Why Jewish day schools are breathing a little easier on tax bill
Published December 13, 2017
The House version of the reform bill, which was drafted by the Republican leadership, had removed the qualified tuition credit. The credit exempts from taxes the free tuition that private schools, including Jewish day schools, often extend to the children of employees.
However, the Senate version maintained the credit.
On Wednesday afternoon, Bloomberg News reported that the proposal in the House of Representatives to remove the credit was dropped from the reconciled version of the House and Senate bills.
Master’s and doctoral students who supplement their education by working at their universities are compensated in part by tuition waivers, which have been tax exempt for decades. Removing the exemption, as House Republicans had proposed, would have had students looking at tax increases of four- to seven-fold, according to an estimate.
“Grad Students Are Freaking Out About the GOP Tax Plan” was the headline in Wired in an article that quoted a number of students who indeed seemed staggered by the prospect.
Unnerved, too, were Jewish day schools, according to two umbrella Orthodox groups that lobbied hard to keep the credit. The tax break has been key to attracting top staff to the day schools, according to the Orthodox Union and Agudath Israel of America; staffers get free or reduced tuition for their own children. Taxing that tuition would make it hard to hire qualified teachers, the groups said.
“Many K-12 schools in our community (and others) are only able to attract quality teachers by providing discounts on tuition for their children,” said a letter sent Dec. 7 by the Orthodox Union’s Washington office to Sen. Orrin Hatch, R-Utah, the chairman of the Senate Finance Committee, and Rep. Kevin Brady, R-Texas, the chairman of the House tax-writing Ways and Means Committee.

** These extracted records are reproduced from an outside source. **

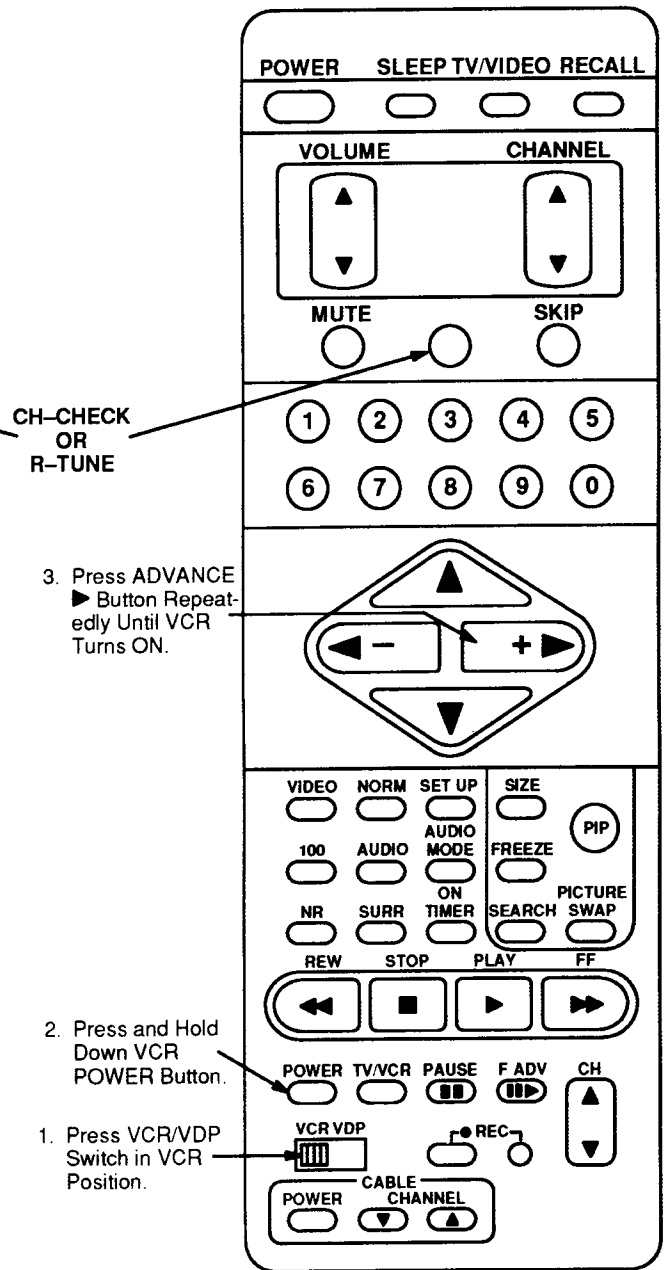

Remote Control
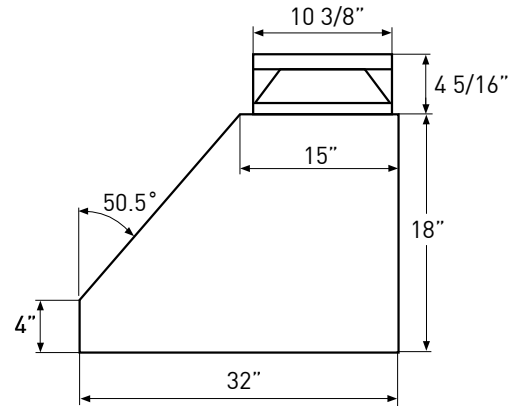

TOP

SIDE

BACK

MODEL	AK7836BS	AK7842BS	AK7848BS	AK7854BS
Stainless Steel				
<b>Size</b>	36"	42"	48"	54"
<b>Net Width</b>	35-7/8"	41-7/8"	47-7/8"	53-7/8"
<b>Blower CFM (Min. - Max.)</b>	450 - 1,200	450 - 1,200	450 - 1,200	450 - 1,200
<b>Sones (Min. - Max.)</b>	3.5 - 9	3.5 - 9	3.5 - 9	3.5 - 9
<b>FEATURES</b>				
<b>Controls</b>	Metallic Knob	Metallic Knob	Metallic Knob	Metallic Knob
<b>Speed Levels</b>	3	3	3	3
<b>Lighting</b>	Halogen, 35W x2	Halogen, 35W x2	Halogen, 35W x4	Halogen, 35W x4
<b>Dual-Level Lighting</b>	Yes	Yes	Yes	Yes
<b>Filters</b>	Pro Baffle x3	Pro Baffle x3	Pro Baffle x4	Pro Baffle x4
<b>Recirculating Option</b>	No	No	No	No
<b>High Quality Stainless Steel</b>	304S	304S	304S	304S
<b>DUCT SPECIFICATIONS</b>				
<b>Vertical Internal Blower</b>	10" Round	10" Round	10" Round	10" Round
<b>Horizontal Internal Blower</b>	10" Round	10" Round	10" Round	10" Round
<b>AC POWER</b>	120V, 60Hz at Max. 9A	120V, 60Hz at Max. 9A	120V, 60Hz at Max. 9A	120V, 60Hz at Max. 9A
<b>OPTIONAL ACCESSORIES</b>				
<b>12" Duct Cover</b>	AK0736BS	AK0742BS	AK0748BS	AK0754BS
<b>Bloom™ GU10 LED</b>	Z0B0040	Z0B0040	Z0B0040	Z0B0040
<b>MOUNTING HEIGHT RANGE*</b>	30" - 36"	30" - 36"	30" - 36"	30" - 36"
<b>WARRANTY</b>	3 years parts, 1 year labor	3 years parts, 1 year labor	3 years parts, 1 year labor	3 years parts, 1 year labor

\*Mounting height refers to distance between top of a 36" tall cooking surface and bottom of hood.

Of the 1,004 Jewish day schools in the United States listed by J Data, the database run by the Cohen Center for Modern Jewish Studies at Brandeis University, 731 are Orthodox. A publicist for the Conservative movement, to which the Solomon Schechter schools are affiliated, did not return a request for comment in time for publication.
Dave Sloan, the president of the Modern Orthodox Berman Hebrew Academy in Rockville, Maryland, said school staffers could have taken hits ranging from “thousands of dollars to tens of thousands of dollars,” depending on their number of children.
“It will be incumbent on our institution to true that up,” or compensate the teacher, Sloan said in an interview before the news broke that the credit would not be removed. “It’s not an extinction-level event, but it creates pressure on our budget to the tune of hundreds of thousands of dollars.”
Berman, with 700 students, has tuitions ranging from $16,000 to $23,000, depending on the grade.
Agudath Israel of America raised another flag about the proposal: Compensating the teachers for the tax hike through salary increases would place them in a higher tax bracket, which could also have deleterious effects.
“Its elimination can result in higher taxable incomes that would make them ineligible for health insurance and other social service benefits — a devastating loss,” said the draft of a letter Agudah was set to send to the conference committee, the gathering of lawmakers and staffers that reconcile the House and Senate versions.
The committee reportedly was close to a reconciled bill on Wednesday afternoon.
President Donald Trump has said he wants to sign the bill before the year is out.
It’s not clear whether a separate proposal in the Senate version favored by the Orthodox movements had survived the reconciliation. That proposal, introduced by Sen. Ted Cruz, R-Texas, would have made a portion of 529s, the tax-free savings accounts for college tuition, available for religious day school tuitions.